ACTIVITY
Go through the records and restate them word for word, omitting images.

Saved entries:
++++++++

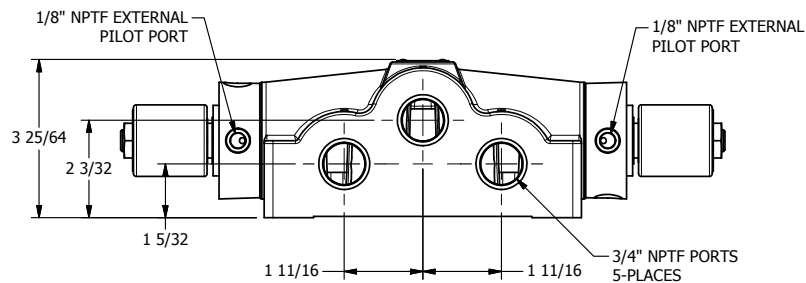

4

3

2

1

AAA
PRODUCTS
INTERNATIONAL

AAA PRODUCTS INTERNATIONAL
7114 Harry Hines Blvd
Dallas, TX 75235

TITLE: 3/4" SIDE PORT, DBL SOL, 3 POS,
SPR CTR, SOL RTRN, CLSD CTR SPL,
ISO 4400 DIN, EXT PILOT

DRAWING NO.:
DIM_SY6EDZ

++++++++

TASK OUTPUT
4

3

2

1

AAA
PRODUCTS
INTERNATIONAL

AAA PRODUCTS INTERNATIONAL
7114 Harry Hines Blvd
Dallas, TX 75235

TITLE: 3/4" SIDE PORT, DBL SOL, 3 POS,
SPR CTR, SOL RTRN, CLSD CTR SPL,
ISO 4400 DIN, EXT PILOT

DRAWING NO.:
DIM_SY6EDZ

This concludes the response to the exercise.